Astrônomos descobriram pela primeira vez um disco de acreção em torno de uma jovem estrela em outra galáxia

Na nossa galáxia vizinha, a Grande Nuvem de Magalhães, os astrónomos conseguiram ver pela primeira vez um disco de gás em torno de uma estrela jovem e em crescimento. Esta galáxia está a 160 mil anos-luz de distância de nós e esta descoberta parece um milagre, especialmente porque nuvens de poeira e gás raramente nos permitem ver tais fenómenos mesmo debaixo dos nossos narizes na nossa galáxia. E este é um caso incrivelmente bem-sucedido que nos permite estudar processos semelhantes de evolução estelar em outras condições galácticas.

A descoberta foi feita pela rede ALMA no Chile e confirmada pelo espectrômetro MUSE montado no telescópio VLT do Observatório do Sul da Europa (ambos os complexos estão localizados no deserto chileno do Atacama). Esta foi a primeira vez que um fenômeno anteriormente encontrado pelos astrônomos apenas em nossa galáxia foi observado fora da Via Láctea. Os planetas geralmente se formam a partir desses discos gasosos em torno de estrelas jovens e, ocasionalmente, o material do disco alimenta a própria estrela, o que também foi revelado no caso da descoberta.

«Quando vi pela primeira vez evidências de uma estrutura rotativa nos dados do ALMA, não pude acreditar que havíamos descoberto o primeiro disco de acreção extragaláctico. Foi um momento especial”, disse Anna McLeod, professora associada da Universidade de Durham (Reino Unido) e principal autora do estudo publicado na revista Nature. “Sabemos que os discos desempenham um papel importante na formação de estrelas e planetas na nossa galáxia, e esta é a primeira vez que vemos evidências diretas disso noutra galáxia.”

O ímpeto para a descoberta foi a descoberta pelo espectrômetro MUSE de um jato de uma estrela jovem em formação nas profundezas da Grande Nuvem de Magalhães, após a qual o sistema recebeu o identificador HH 1177. A presença de um jato em uma estrela jovem indica essa matéria continua a cair sobre ele, o que significa que deve estar presente ali material formado, um disco de gás soltando essa mesma substância. Mas para confirmar a existência de um disco de gás, foi necessário medir o movimento do gás em torno da estrela.
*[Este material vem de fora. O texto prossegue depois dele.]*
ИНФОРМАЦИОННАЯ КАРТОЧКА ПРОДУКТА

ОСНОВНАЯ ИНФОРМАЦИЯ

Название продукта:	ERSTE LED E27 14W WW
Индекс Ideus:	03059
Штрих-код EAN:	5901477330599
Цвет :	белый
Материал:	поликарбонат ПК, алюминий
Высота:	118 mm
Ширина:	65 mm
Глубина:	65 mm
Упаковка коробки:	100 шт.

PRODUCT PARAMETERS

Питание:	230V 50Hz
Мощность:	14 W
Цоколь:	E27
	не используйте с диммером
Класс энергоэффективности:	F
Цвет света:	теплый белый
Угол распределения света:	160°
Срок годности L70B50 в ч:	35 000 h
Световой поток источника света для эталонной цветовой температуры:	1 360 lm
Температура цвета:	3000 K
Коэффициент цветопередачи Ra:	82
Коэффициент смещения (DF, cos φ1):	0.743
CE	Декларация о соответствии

Mais perto do centro, o disco gira mais rápido, e essa diferença de velocidade é o próprio fato que indica aos astrônomos a presença de um disco de acreção. A velocidade pode ser determinada medindo a frequência da radiação das regiões interna e externa do disco de gás, para a qual a rede ALMA era 100% adequada. E os cientistas encontraram esta informação nos dados do array. Uma jovem estrela noutra galáxia tinha, na verdade, um disco de gás que não só formaria planetas no futuro, mas também alimentaria a estrela, aumentando o seu tamanho.
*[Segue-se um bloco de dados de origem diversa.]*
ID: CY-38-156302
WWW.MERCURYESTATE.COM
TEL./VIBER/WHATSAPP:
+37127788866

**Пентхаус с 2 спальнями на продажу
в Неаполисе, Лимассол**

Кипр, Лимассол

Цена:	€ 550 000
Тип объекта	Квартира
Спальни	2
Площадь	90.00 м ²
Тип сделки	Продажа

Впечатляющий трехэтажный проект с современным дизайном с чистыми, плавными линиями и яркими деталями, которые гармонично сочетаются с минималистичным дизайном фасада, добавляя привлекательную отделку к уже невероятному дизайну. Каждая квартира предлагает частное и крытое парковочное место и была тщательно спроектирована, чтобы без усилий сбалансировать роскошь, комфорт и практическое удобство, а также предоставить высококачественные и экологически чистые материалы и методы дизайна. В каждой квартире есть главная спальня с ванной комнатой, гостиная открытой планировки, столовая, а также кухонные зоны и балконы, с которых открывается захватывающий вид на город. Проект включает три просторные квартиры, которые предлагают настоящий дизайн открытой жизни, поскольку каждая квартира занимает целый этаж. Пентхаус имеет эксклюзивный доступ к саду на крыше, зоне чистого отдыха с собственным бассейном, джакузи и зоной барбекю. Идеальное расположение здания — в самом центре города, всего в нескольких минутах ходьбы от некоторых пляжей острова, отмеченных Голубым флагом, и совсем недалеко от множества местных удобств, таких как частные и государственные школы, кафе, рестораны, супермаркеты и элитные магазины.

Por que a poeira e o gás não esconderam esta imagem de nós? Os cientistas acreditam que temos sorte de ver a formação de uma estrela em um sistema com pouco conteúdo metálico. Descobriu-se que continha mais gás transparente do que poeira, por isso fomos capazes de discernir os processos ocultos da infância de uma estrela e de um sistema, mesmo numa galáxia vizinha.